Hey everyone,
I’ve been working on bringing up my first very complex board, and I’ve ended up running into what feels like a roadblock. The boards themselves include isolated CAN, SPI ports & a high power buck controller to control ~100 RGB leds with high-side current sensing, a UART to control several servos, a half dozen shielded capacitive sensor ports, and an integrated 3S lithium battery charger IC and a protection IC. I’ve got everything working with RTOS drivers written, except for the battery ICs.
Both the battery ICs are the smallest parts (the only QFNs I’m using), I think I’ve found a mistake or two in their schematics (shouldn’t be showstoppers, but definitely they could be better), and worst of all, they’re really becoming a sticking point, in that I can’t bring up that portion of the board (I’ve only managed to establish communications with one chip, a MAX77960, while the MAX17320 doesn’t respond at all).

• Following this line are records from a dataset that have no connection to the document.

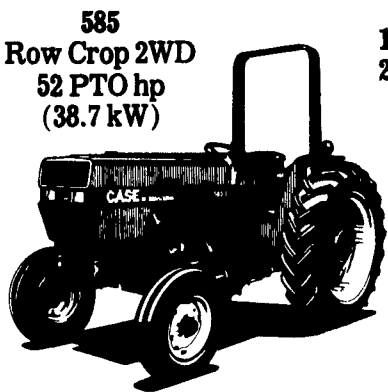

585
Row Crop 2WD
52 PTO hp
(38.7 kW)
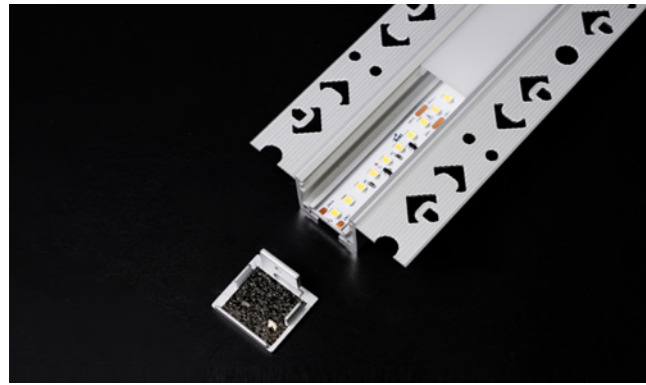

LR2522

Profile Components

Profile	L2500*W65*H22.5mm	
Diffuser	L2500*W20.4*H6.7mm	
Holeless end caps	EC-LS25 L251*W22.5*H16.5mm	

Basic Parameters

Installation	Trimless recessed
Material	AL6063-T5, spraying surface
Coating	White
Application	Indoor
IP grade	IP20
Warranty	5 years
Certification	Rohs, Reach

Installation Accessories

Screw	CL-01 M3.5x40mm	
Splicing bars	EX-31 100*15.5*2mm	

Light Source

Model	CRI	Lumens	Voltage	Typ.power	Size	LEDs/ meter	Cutting unit
DS8160(A)-24V-10mm	>80	2900LM/M	24V	20W/M	5000x10x1.6mm	160LEDs	8LEDs/50mm
DY830-24V-14mm	>80	2400LM/M	24V	20W/M	538.5x13.5x1.2mm	30LEDs/PCS	6LEDs/1077mm
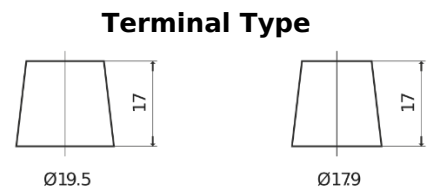

**Product overview**

Batteries for Marine and Leisure

**Equipment ET550**

Part number	ET550
Technology	Flooded
EAN/GTIN	3661024036344
Voltage	12 V
Capacity	80.0 Ah
Watt hour	550 Wh
Length	278 mm
Width	175 mm
Height	190 mm
Box size	L03
Polarity	ETN 0
Terminal Type	EN taper post
Hold Down	B13
Weights (subject of variation)	20.70 kg
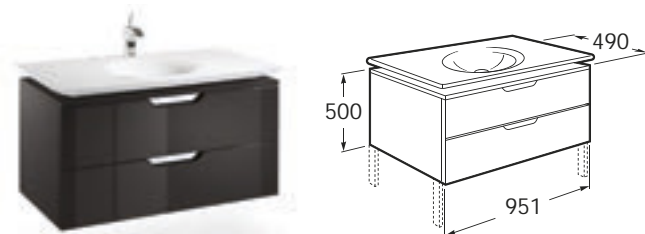

Base unit to suit 1000 basin

856452.. 951 x 490 Base unit to suit 1000 basin with two soft-close drawers. Includes four organiser boxes

Optional:

816406001 290 height Optional legs (pair)

S28LIS000 EU to UK adaptor for space-saving waste

The wash-basins are provided with 4 side housings for a Towel rail. The front towel rails are incompatible with the side towel rails. Please note that towel rail are not compatible if the basin is installed with the complementary furniture
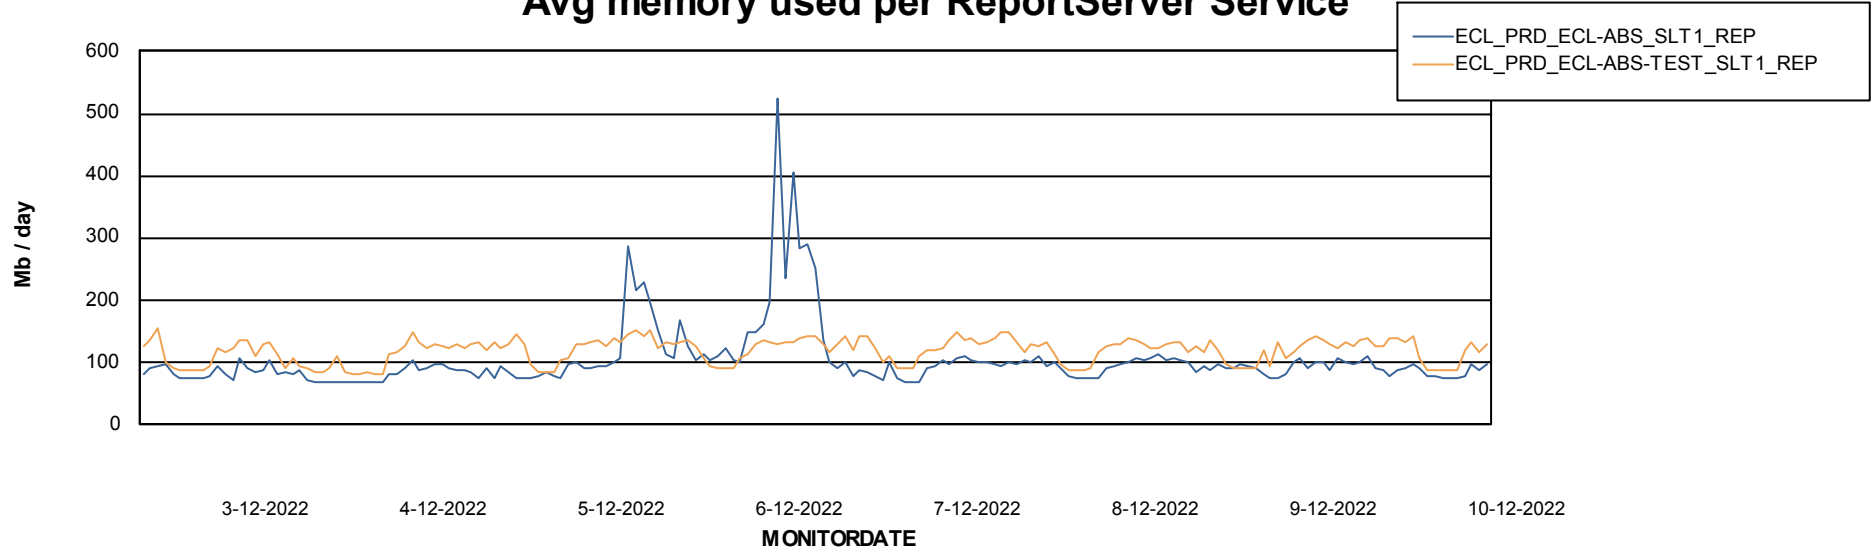

ABSSolute Application ReportServer Services

Avg memory used per ReportServer Service

The MAX77960 does respond to my read requests, but when I write new values to program it, the values I write only seem to persist in 2 of the configuration registers (the others go back to factory settings). The chip also gets hot to the touch with only a 300mA flowing through it, which is worrisome since I designed the board/chip to handle at least 6A. I’m guess that it might be overheating.
I’m assuming that these are pretty rare, specialty chips, and so I don’t think I’ll be able to get help in debugging them, and so now I’m thinking I need to redesign this part of my board to derisk it, since I’ve managed to get everything else operational.
Do you have any ICs or circuits you could point me towards to solve this onboard power problem? I need to be able to charge & possibly protect a 3S lipo battery pack (the pack probably needs each cell in a different place, due to mechanical constraints). I need the charger to be integrated into the PCB, because once the device is assembled, it would be very, very inconvenient to require removing the cells to recharge them.
Here’s the features I think I need:
- 3S Lipo charger
- 3S Lipo protector (overvoltage, undervoltage, thermal protection (ideally supporting 3 thermistors in order to sense each cell)) – this I feel like maybe could be changed to a much, much simpler circuit without any smarts or fancy current counting.
- I need to be able to draw at least ~80mA while charging in order to power the microcontroller and a few other circuits that decide when it’s OK to start charging
- Need to be able to disable charging functionality, even if power is applied to the charger
- I have pretty limited routable space remaining, so the easiest thing would be to control with I2C (happy to use an additional microcontroller), although I could use the I2C as GPIO instead, and I could maybe squeeze a single analog input to the host microcontroller as well.
- I have about 20x40mm board area I can reclaim from the MAX17320 and MAX77960.
- In stock now (LOL)
Thank you for your thoughts and advice on the highest-success-chance way to create this integrated battery pack!